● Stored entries
####

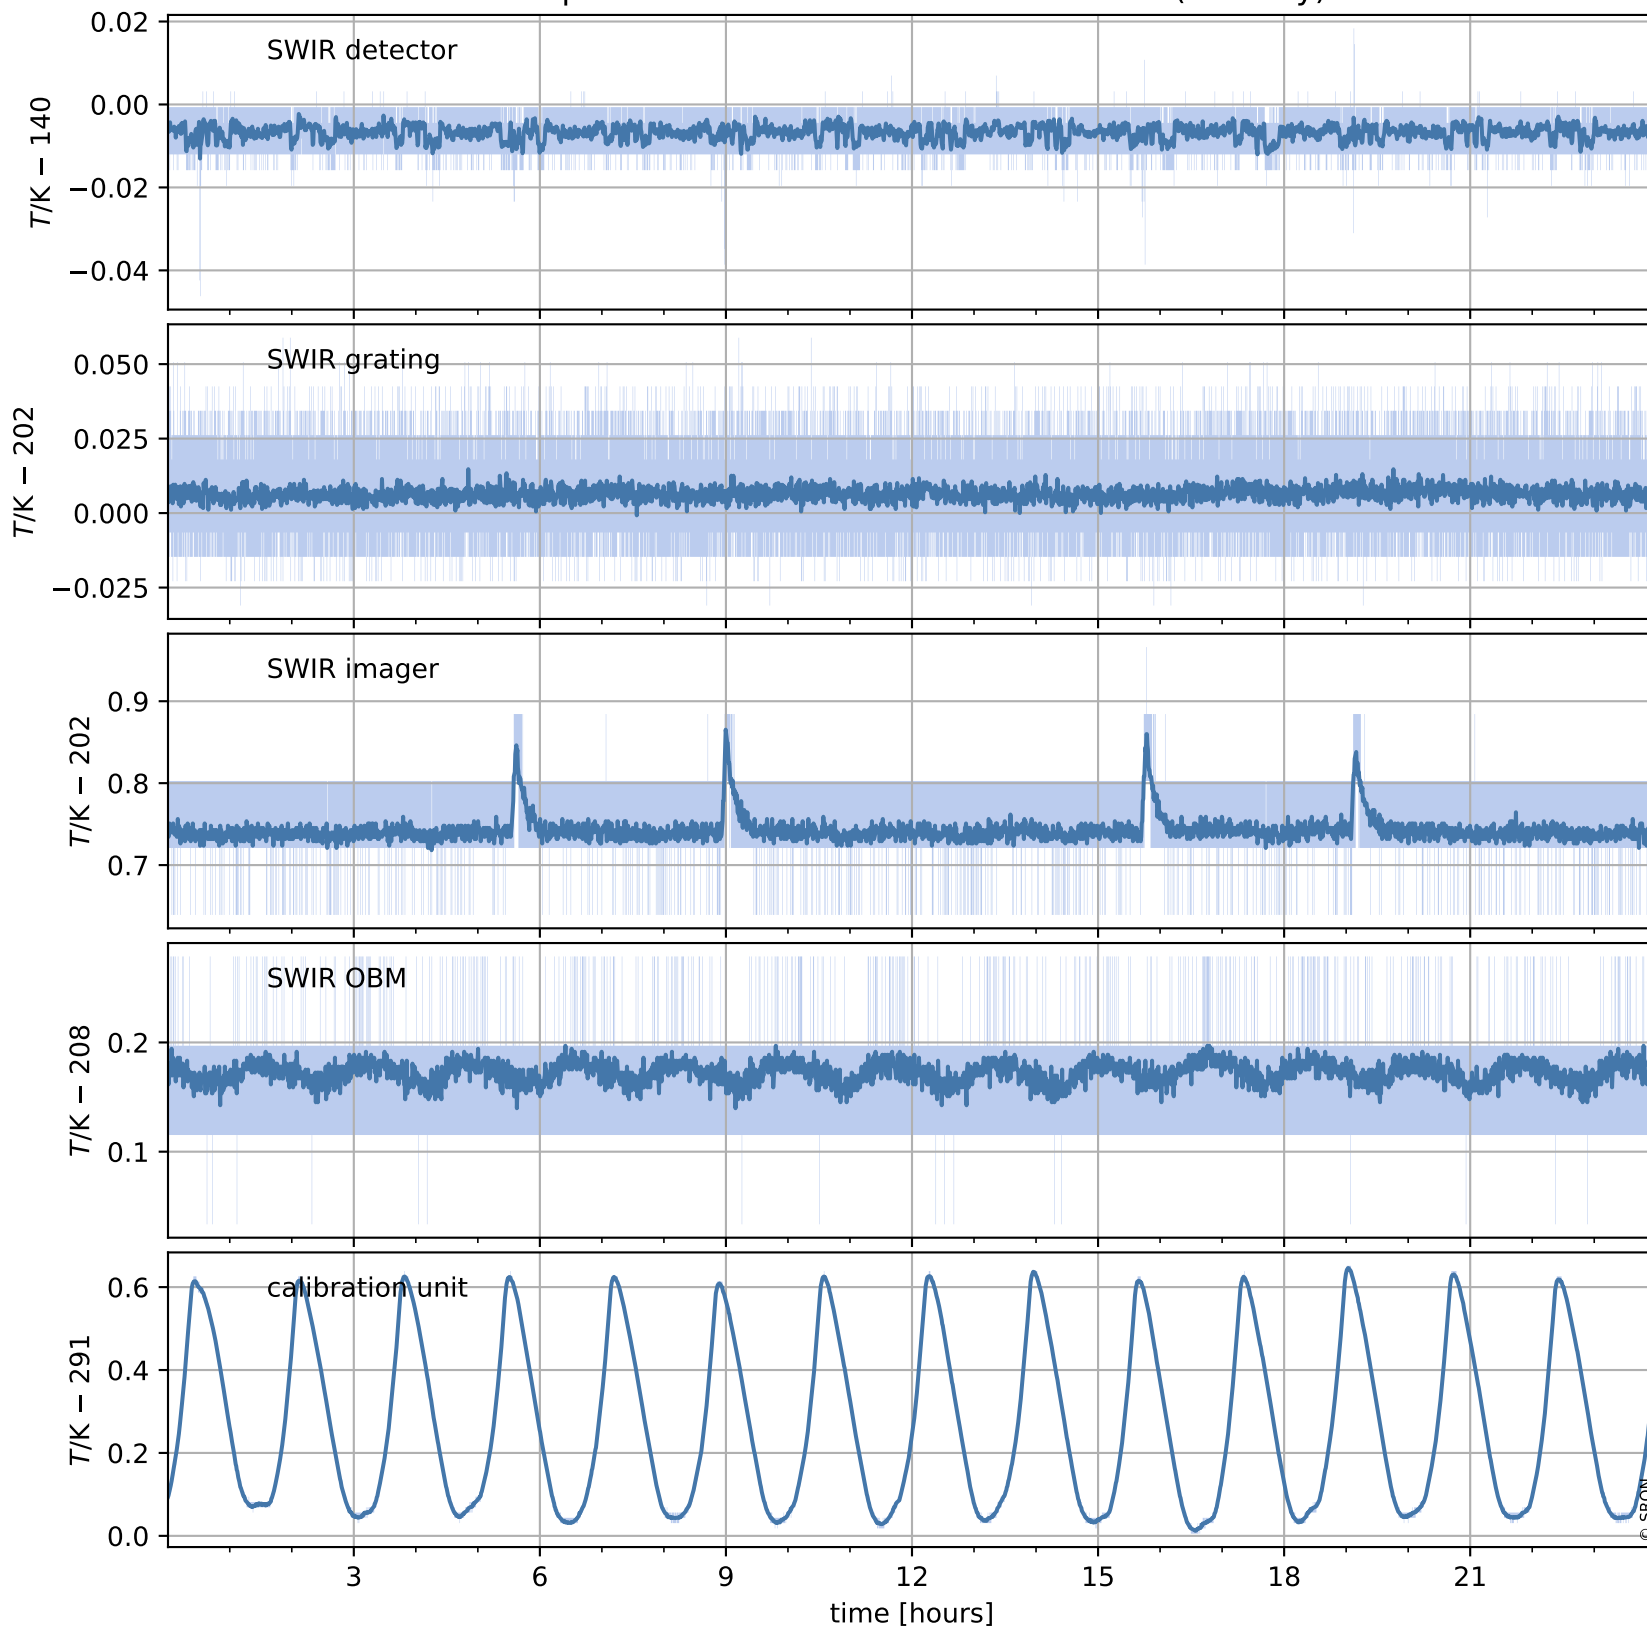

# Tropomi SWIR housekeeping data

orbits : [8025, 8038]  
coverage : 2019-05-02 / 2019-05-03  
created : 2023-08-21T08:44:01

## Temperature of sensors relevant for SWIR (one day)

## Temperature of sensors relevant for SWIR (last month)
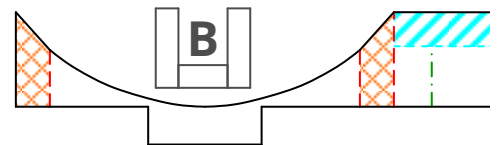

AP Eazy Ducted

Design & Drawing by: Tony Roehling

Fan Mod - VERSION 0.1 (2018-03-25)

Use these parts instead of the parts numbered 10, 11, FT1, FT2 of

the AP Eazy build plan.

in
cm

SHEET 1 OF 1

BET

####

● Exercise directions
Set down the records above exactly, leaving out pictures.

● Solution for this task
# Tropomi SWIR housekeeping data

orbits : [8025, 8038]  
coverage : 2019-05-02 / 2019-05-03  
created : 2023-08-21T08:44:01

## Temperature of sensors relevant for SWIR (one day)

## Temperature of sensors relevant for SWIR (last month)

AP Eazy Ducted

Design & Drawing by: Tony Roehling

Fan Mod - VERSION 0.1 (2018-03-25)

Use these parts instead of the parts numbered 10, 11, FT1, FT2 of

the AP Eazy build plan.

in
cm

SHEET 1 OF 1

BET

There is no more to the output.